四 八 東に立てる東山 西に聳(そび)ゆる嵐山 かれとこれとの麓ゆく 水は加茂川桂川

四 九 祇園清水(きよみず)知恩院(ちおんいん) 吉田黒谷(くろたに)真如堂(しんにょどう) ながれも清き水上(みなかみ)に 君がよまもる加茂の宮

五 〇 夏は納涼(すずみ)の四条橋 冬は雪見の銀閣寺 桜は春の嵯峨御室(おむろ) 紅葉(もみじ)は秋の高雄山(たかおやま)

五 一 琵琶湖を引きて通したる 疏水(そすい)の工事は南禅寺 岩切り抜きて舟をやる 知識の進歩もみられたり

五 二 神社仏閣山水の 外(ほか)に京都の物産は 西陣織の綾錦(あやにしき) 友禅染の花もみじ

五 三 扇(おうぎ)おしろい京都紅(べに) また加茂川の鷺(さぎ)しらず みやげを提(さ)げていざ立たん あとに名残(なごり)は残れども (向日町)

五 四 山崎おりて淀川を わたる向うは男山 行幸(ぎょうこう)ありし先帝の かしこきあとぞ忍ばるる (山崎)

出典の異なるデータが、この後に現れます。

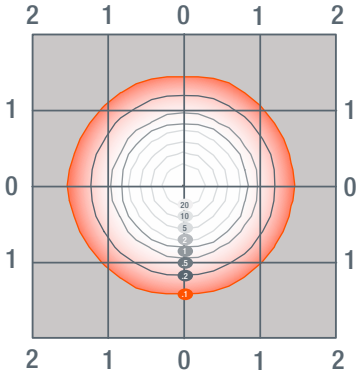

Slip Fitter for 400-500W

Slip Fitter for 750-1200W

Laser Pointer

Physical Information

Luminaire Description	Length (inches)	Width (inches)	Height (inches)	Weight (lb)	EPA	Cord Length
400/500W	16.2	15.9	16.1	33	1.6	1150mm/3.75'
750W	21.3	18.5	21	51	2.4	1150mm/3.75'
1200W	22.8	19.8	22.5	75	3.1	1150mm/3.75'

400-500W

750W

1200W

Dimensions in inches

Photometric Information

400W 4x4 60ft

500W 4x4 60ft

500W 5x5 60ft
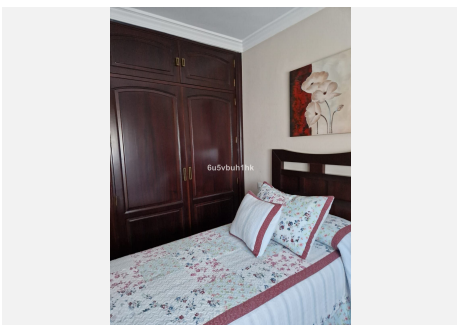

IDILIQ

ESTATES

estate gem, where quality of life meets incomparable location.

五 五 淀の川舟さおさして くだりし旅はむかしにて またたくひまに今はゆく 煙たえせぬ陸(くが)の道

五 六 おくり迎うる程もなく 茨木吹田(すいた)うちすぎて はや大阪につきにけり 梅田は我をむかえたり (高槻) (茨木)(吹田) (大阪)

五 七 三府(さんぷ)の一(いつ)に位して 商業繁華の大阪市 豊太閤(ほうたいこう)のきずきたる 城に師団はおかれたり

五 八 ここぞ昔の難波(なにわ)の津 ここぞ高津(こうづ)の宮のあと 安治川口(あじかわぐち)に入る舟の 煙は日夜たえまなし

五 九 鳥も翔(かけ)らぬ大空に かすむ五重の塔の影 仏法最初の寺と聞く 四天王寺(してんのうじ)はあれかとよ

六 〇 大阪いでて右左 菜種ならざる畑(はた)もなし 神崎川(かんざきがわ)のながれのみ 浅黄(あさぎ)にゆくぞ美しき (神崎)

六 一 神崎(かんざき)よりはのりかえて ゆあみにのぼる有馬山(ありまやま) 池田伊丹(いたみ)と名にききし 酒の産地もとおるなり (西ノ宮) (住吉) (三ノ宮)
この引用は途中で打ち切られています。